Return, exactly and with nothing added, the line with "Meidoornsingel 226 t/m 240" together with all lines after it through the end of the data below. No pictures belong in the copy.

^^^^

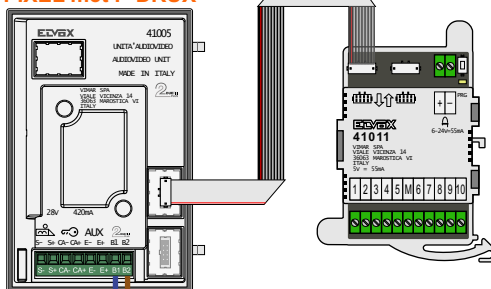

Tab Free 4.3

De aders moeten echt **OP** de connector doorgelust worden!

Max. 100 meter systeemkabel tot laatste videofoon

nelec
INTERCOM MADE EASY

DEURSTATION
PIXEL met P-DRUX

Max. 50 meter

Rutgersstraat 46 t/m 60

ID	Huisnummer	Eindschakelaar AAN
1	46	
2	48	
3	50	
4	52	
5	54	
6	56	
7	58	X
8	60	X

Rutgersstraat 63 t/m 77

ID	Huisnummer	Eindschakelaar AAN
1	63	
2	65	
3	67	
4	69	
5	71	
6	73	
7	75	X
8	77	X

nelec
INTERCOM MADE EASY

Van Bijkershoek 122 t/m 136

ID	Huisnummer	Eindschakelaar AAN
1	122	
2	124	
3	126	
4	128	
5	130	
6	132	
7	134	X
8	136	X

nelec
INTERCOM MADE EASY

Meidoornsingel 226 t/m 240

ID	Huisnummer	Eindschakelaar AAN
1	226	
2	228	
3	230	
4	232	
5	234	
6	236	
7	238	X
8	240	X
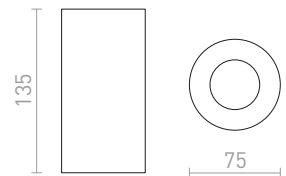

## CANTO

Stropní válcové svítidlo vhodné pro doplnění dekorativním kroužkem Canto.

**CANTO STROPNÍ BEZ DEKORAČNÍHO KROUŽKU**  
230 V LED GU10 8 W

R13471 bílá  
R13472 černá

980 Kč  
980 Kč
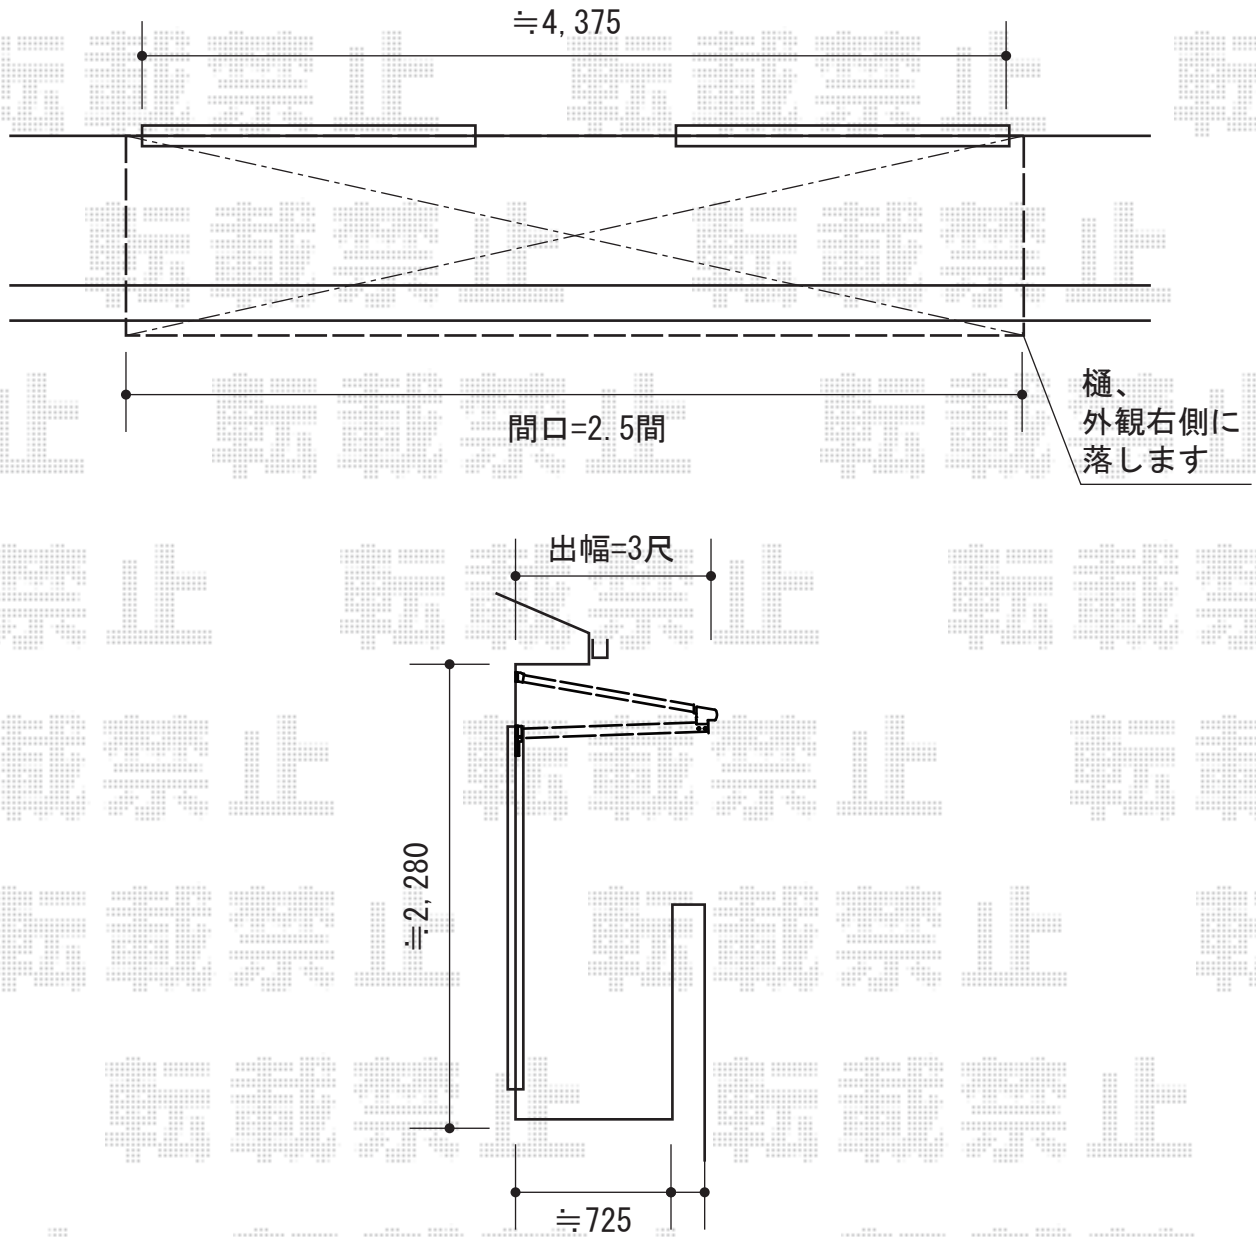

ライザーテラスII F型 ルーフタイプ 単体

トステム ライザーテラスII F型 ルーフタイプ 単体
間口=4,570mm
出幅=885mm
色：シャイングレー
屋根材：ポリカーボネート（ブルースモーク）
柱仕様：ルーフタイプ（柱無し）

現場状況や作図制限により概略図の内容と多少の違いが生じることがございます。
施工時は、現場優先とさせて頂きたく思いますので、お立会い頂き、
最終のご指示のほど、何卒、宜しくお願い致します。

^^^^

RESULT FOR THIS EXERCISE:
Meidoornsingel 226 t/m 240

ID	Huisnummer	Eindschakelaar AAN
1	226	
2	228	
3	230	
4	232	
5	234	
6	236	
7	238	X
8	240	X

## CANTO

Stropní válcové svítidlo vhodné pro doplnění dekorativním kroužkem Canto.

**CANTO STROPNÍ BEZ DEKORAČNÍHO KROUŽKU**  
230 V LED GU10 8 W

R13471 bílá  
R13472 černá

980 Kč  
980 Kč

ライザーテラスII F型 ルーフタイプ 単体

トステム ライザーテラスII F型 ルーフタイプ 単体
間口=4,570mm
出幅=885mm
色：シャイングレー
屋根材：ポリカーボネート（ブルースモーク）
柱仕様：ルーフタイプ（柱無し）

現場状況や作図制限により概略図の内容と多少の違いが生じることがございます。
施工時は、現場優先とさせて頂きたく思いますので、お立会い頂き、
最終のご指示のほど、何卒、宜しくお願い致します。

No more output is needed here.